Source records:
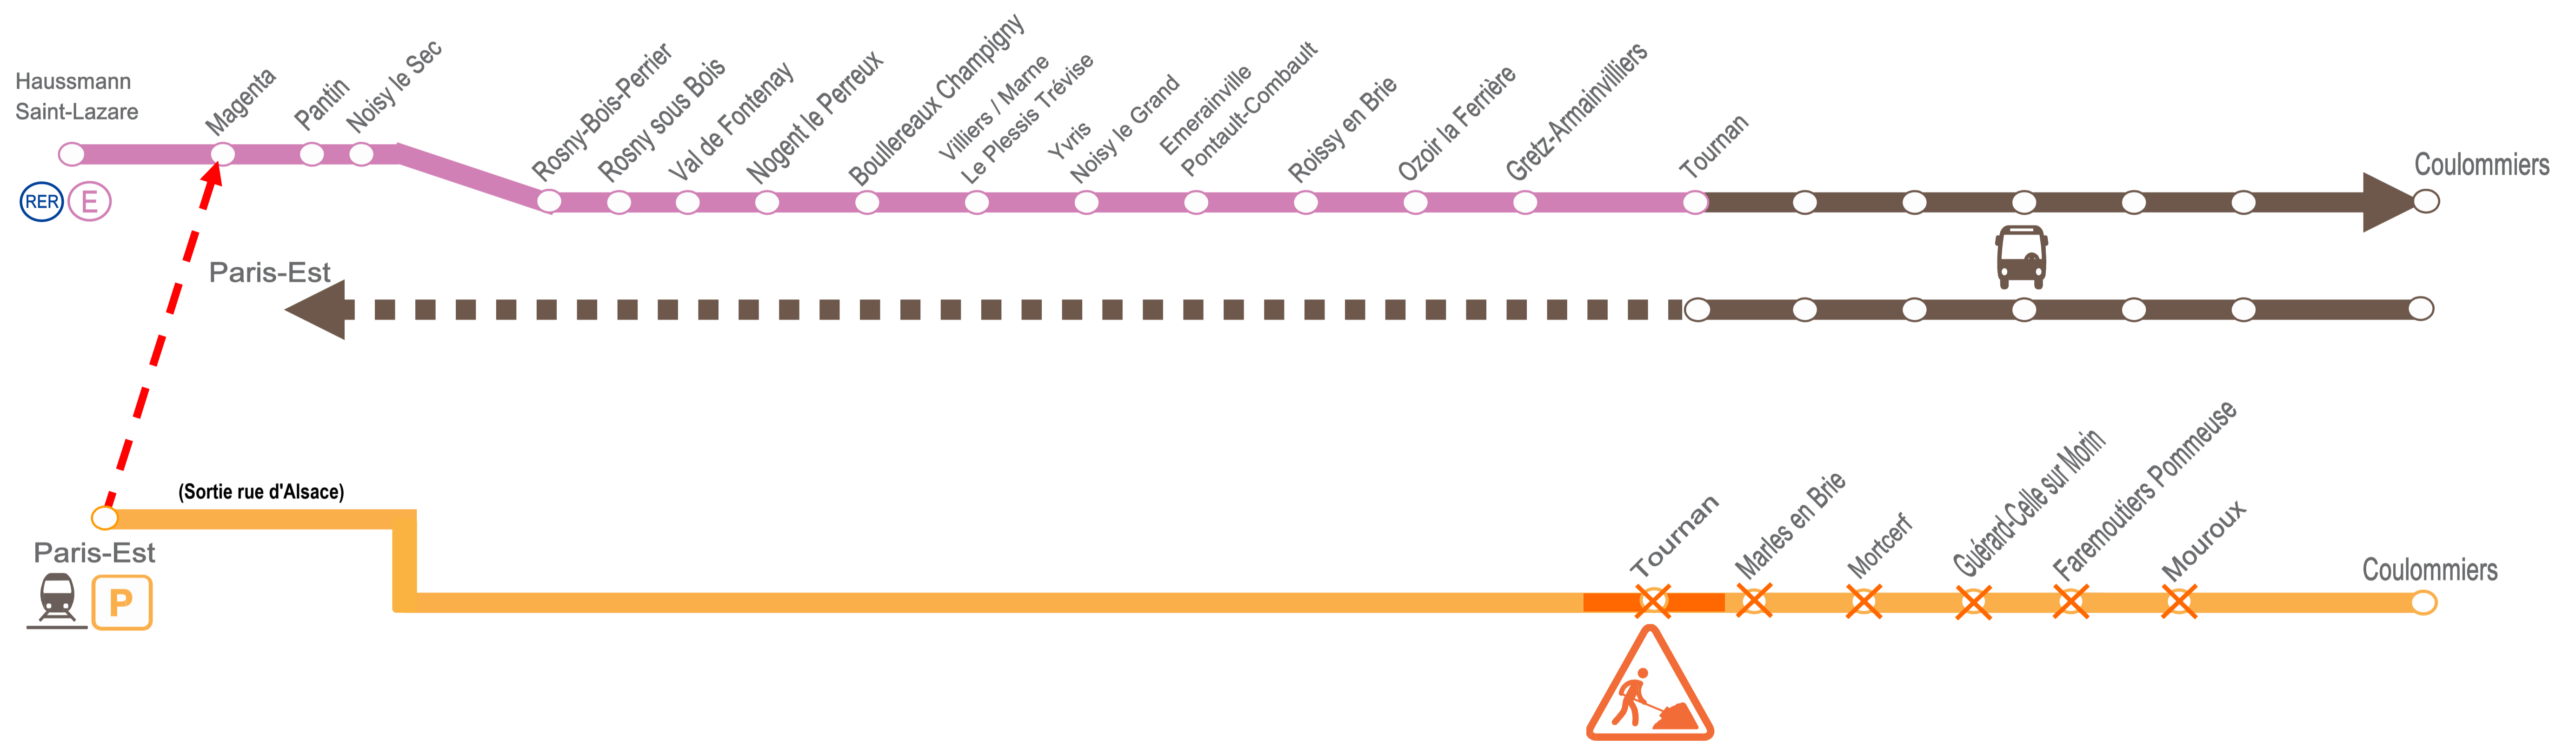

INFO TRAFIC TRAVAUX

PARIS EST < > COULOMMIERS

Les soirées du lundi 27 mai au jeudi 30 mai 2013.

➔ Des travaux sur les voies aux abords de Tournan nous contraignent à modifier les conditions de circulation de certains trains, sur l'axe de **Paris Est - Coulommiers**

			Bus
Hausmann-St-Lazare		23 38	
Magenta		23 42	
Paris-Est	23 16		
Pantin		23 47	
Noisy-le-Sec		23 52	
Rosny-Bois-Perrier		23 55	
Rosny-sous-Bois		23 57	
Val-de-Fontenay		00 00	
Nogent-le-Perreux		00 03	
Boullereaux-Champigny		00 06	
Villiers/M.-Plessis-Tr.		00 10	
Yvris-Noisy-le-Grand		00 13	
Emerainville-Pontault-C		00 17	
Roissy-en-Brie		00 20	
Ozoir-la-Ferrière		00 24	
Gretz-Armainvilliers		00 28	
Tournan	23 45	00 33	00 43
Marles-en-Brie	23 52		00 59
Mortcerf	23 59		01 12
Guérard-Celle-sur-Morin	00 05		01 21
Faremoutiers-Pommeuse	00 09		01 30
Mouroux	00 13		01 37
Coulommiers	00 17		01 46

		Bus
Coulommiers	22 36	22 36
Mouroux	22 40	22 45
Faremoutiers-Pommeuse	22 45	22 52
Guérard-Celle-sur-Morin	22 49	23 01
Mortcerf	22 59	23 10
Marles-en-Brie	23 06	23 23
Tournan	23 13	23 39
Pantin		
Paris-Est	23 42	00 24

● **appli transilien**
gratuit sur App Store et Play Store.
● **transilien.mobi**
Horaires des trains et des noctilien en temps réel sur votre mobile.

● **SNCF LA RADIO**
Radio d'info trafic mobile.
Un point trafic toutes les 15 minutes, depuis l'application **SNCFDIRECT** sur smartphone et tous les sites internet SNCF.
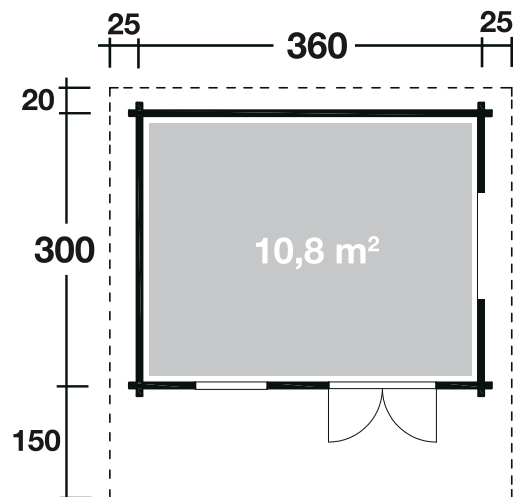

Weitere Informationen finden Sie unter: www.finnhaus.de oder im aktuellen Katalog.
Technische Änderungen, Druckfehler und Irrtümer vorbehalten.
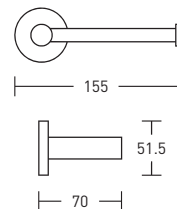

Loft GA50532

Кольцо для полотенец настенное

- цинк
- долговечное покрытие **Chrome Plus**
- монтаж при помощи 3M скотча или дюбелей

Loft GA50733D

Держатель для туалетной бумаги без крышки

- цинк/нержавеющая сталь
- долговечное покрытие **Chrome Plus**
- монтаж при помощи 3M скотча или дюбелей
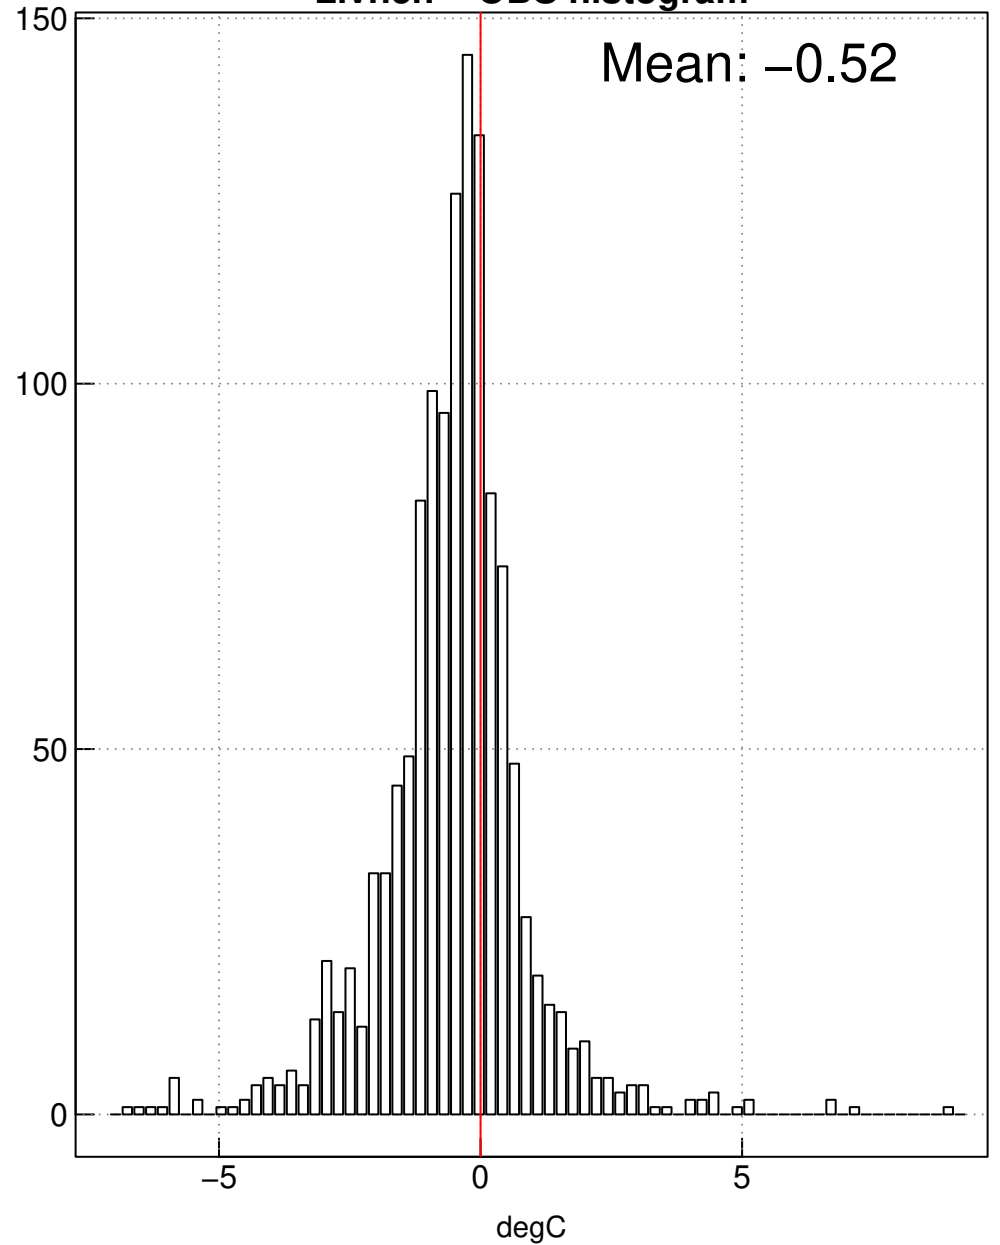

Tmax 50-yr return value (degC)

Tmax 50-yr return value (degC)

Livneh - OBS

Livneh - OBS histogram

Obs vs. Livneh 50 yr return val
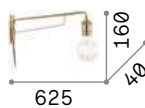

■ □ IP20

0,490 Kg / 0,0083 m³
E27 max 1 x 60W

242392 ■ Чёрный
160214 ■ Латунь

151687 2200 K
370 lm
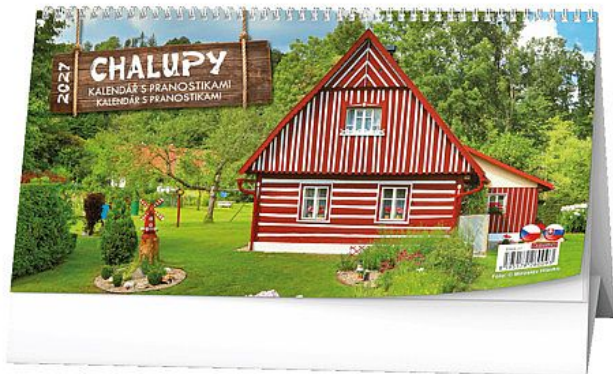

# Stolní kalendář - Chalupy, BSH4

» Kalendáře/Diáře 2027 » Kalendáře » Stolní

## Popis

Stolní kalendář se čtrnáctidenním kalendářem, s obrázky chalup a pranostikami. Rozměr: 300 x 150 mm. Počet stran: 31.

Množství v balení	10
Part number	BSH4-27
EAN	8595179260093
Kód produktu	1096407
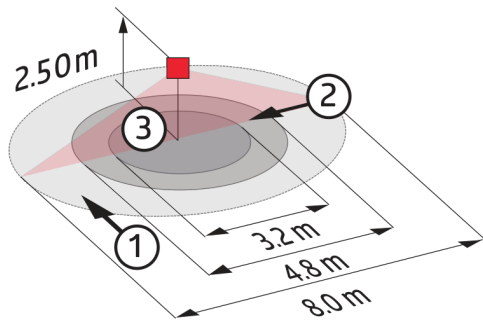

Detectie bereik

- 1: Dwars langs de melder lopen
- 2: Frontaal naar de melder lopen
- 3: Zittende activiteit

TASK TO CARRY OUT: Every line from the data above that contains "Faremoutiers" must appear in the answer.

SOLUTION FOR THIS PROBLEM:
Faremoutiers-Pommeuse	00 09		01 30
Faremoutiers-Pommeuse	22 45	22 52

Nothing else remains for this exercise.